▶ **EXERCISE OBJECTIVE**: Copy every record below exactly as written, but leave out the pictures.

====

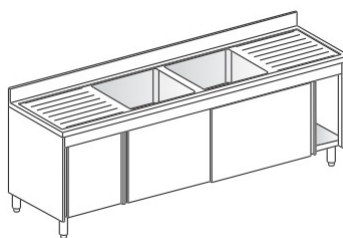

Lavatoi armadio

Piano di lavoro in acciaio inox AISI 304 10/10 con pieghe salvamani ricavate su tutti i pannelli che migliorano la sicurezza sia durante il montaggio che durante l'utilizzo dell'apparecchiatura e garantiscono una maggiore pulibilità assicurata anche dalla presenza dei pannelli perimetrali che coprono interamente la vasca. Vasche in AISI 304 10/10 con dimensioni 500x500x290 mm dotata di tubo troppopieno e piletta di scarico. Portine scorrevoli a doppia parete. Alzatina posteriore paraspruzzi con raggiatura 8 mm, altezza 100 mm e spessore 13 mm. Piedini in acciaio AISI 304 da 2" alti 200 mm regolabili in altezza (50 mm).

Su armadio 1 porta a battente 1 vasca

Su armadio 2 porte a battente 1 vasca

Su armadio 2 vasche

Su armadio 1 vasca gocciolatoio dx

Su armadio 1 vasca gocciolatoio sx

Su armadio 2 vasche gocciolatoio sx

Grandi cucine – Refrigerazione – Lavastoviglie – Impianti aspirazione - Self service - per
Comunità Alberghi Ristoranti Sanità. Progettazione Vendita Assistenza
Progettazione e realizzazione impianti di sterilizzazione disinfezione lavaggio – Assistenza tecnica

Su armadio 2 vasche 2 gocciolatoi Su armadio 2 vasche s gocciolatoi

Dimensioni LxPxH

Dimensions Abmessungen Dimensions		Vasca / Sink / Becker		Vasca / Sink / Becker	
Vasca / Sink / Becker Cerniera dx / Right h		Vasca / Sink / Becker		Vasca / Sink / Becker	
600x700x850		1200x700x850	Vasca / Sink / Becker	1700x700x850	Vasca / Sink / Becker
700x700x850	Vasca / Sink / Becker	1300x700x850	1200x700x850	1800x700x850	2400x700x850
Vasca / Sink / Becker Cerniera sx / Left hin	800x700x850	Vasca / Sink / Becker	1300x700x850	1900x700x850	2500x700x850
600x700x850	900x700x850	1400x700x850	Vasca / Sink / Becker	Vasca / Sink / Becker	2600x700x850
700x700x850	1000x700x850	1500x700x850	1400x700x850	2000x700x850	2700x700x850
	1100x700x850	1600x700x850	1500x700x850	2100x700x850	2800x700x850

====

▶ **RESPONSE BOX**:
Lavatoi armadio

Piano di lavoro in acciaio inox AISI 304 10/10 con pieghe salvamani ricavate su tutti i pannelli che migliorano la sicurezza sia durante il montaggio che durante l'utilizzo dell'apparecchiatura e garantiscono una maggiore pulibilità assicurata anche dalla presenza dei pannelli perimetrali che coprono interamente la vasca. Vasche in AISI 304 10/10 con dimensioni 500x500x290 mm dotata di tubo troppopieno e piletta di scarico. Portine scorrevoli a doppia parete. Alzatina posteriore paraspruzzi con raggiatura 8 mm, altezza 100 mm e spessore 13 mm. Piedini in acciaio AISI 304 da 2" alti 200 mm regolabili in altezza (50 mm).

Su armadio 1 porta a battente 1 vasca

Su armadio 2 porte a battente 1 vasca

Su armadio 2 vasche

Su armadio 1 vasca gocciolatoio dx

Su armadio 1 vasca gocciolatoio sx

Su armadio 2 vasche gocciolatoio sx

Grandi cucine – Refrigerazione – Lavastoviglie – Impianti aspirazione - Self service - per
Comunità Alberghi Ristoranti Sanità. Progettazione Vendita Assistenza
Progettazione e realizzazione impianti di sterilizzazione disinfezione lavaggio – Assistenza tecnica

Su armadio 2 vasche 2 gocciolatoi Su armadio 2 vasche s gocciolatoi

Dimensioni LxPxH

Dimensions Abmessungen Dimensions		Vasca / Sink / Becker		Vasca / Sink / Becker	
Vasca / Sink / Becker Cerniera dx / Right h		Vasca / Sink / Becker		Vasca / Sink / Becker	
600x700x850		1200x700x850	Vasca / Sink / Becker	1700x700x850	Vasca / Sink / Becker
700x700x850	Vasca / Sink / Becker	1300x700x850	1200x700x850	1800x700x850	2400x700x850
Vasca / Sink / Becker Cerniera sx / Left hin	800x700x850	Vasca / Sink / Becker	1300x700x850	1900x700x850	2500x700x850
600x700x850	900x700x850	1400x700x850	Vasca / Sink / Becker	Vasca / Sink / Becker	2600x700x850
700x700x850	1000x700x850	1500x700x850	1400x700x850	2000x700x850	2700x700x850
	1100x700x850	1600x700x850	1500x700x850	2100x700x850	2800x700x850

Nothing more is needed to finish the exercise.